* SOURCE MATERIAL
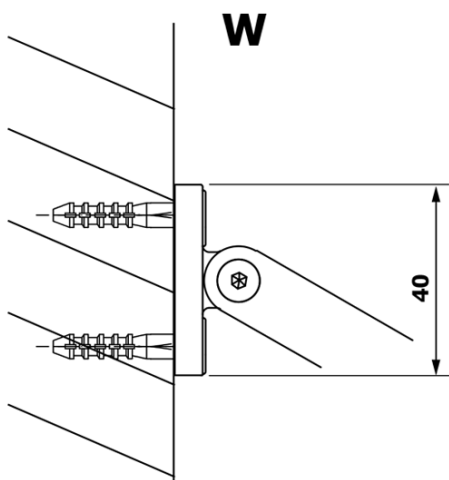

Produktový list

Objednací kód: **GX1390GX1014**

VARIO BLACK jednodílná sprchová zástěna k instalaci ke stěně, kouřové sklo, 900 mm

MODEL	A
GX1370	685-700
GX1380	785-800
GX1390	885-900
GX1310	985-1000

MODEL	A
GX1370	685-700
GX1380	785-800
GX1390	885-900
GX1310	985-1000
GX1311	1085-1100
GX1312	1185-1200
GX1313	1285-1300
GX1314	1385-1400

* EXERCISE BRIEF
These entries are to be printed again word for word, except for the pictures.

* RESULT OF THE EXERCISE
Produktový list

Objednací kód: **GX1390GX1014**

VARIO BLACK jednodílná sprchová zástěna k instalaci ke stěně, kouřové sklo, 900 mm

MODEL	A
GX1370	685-700
GX1380	785-800
GX1390	885-900
GX1310	985-1000

MODEL	A
GX1370	685-700
GX1380	785-800
GX1390	885-900
GX1310	985-1000
GX1311	1085-1100
GX1312	1185-1200
GX1313	1285-1300
GX1314	1385-1400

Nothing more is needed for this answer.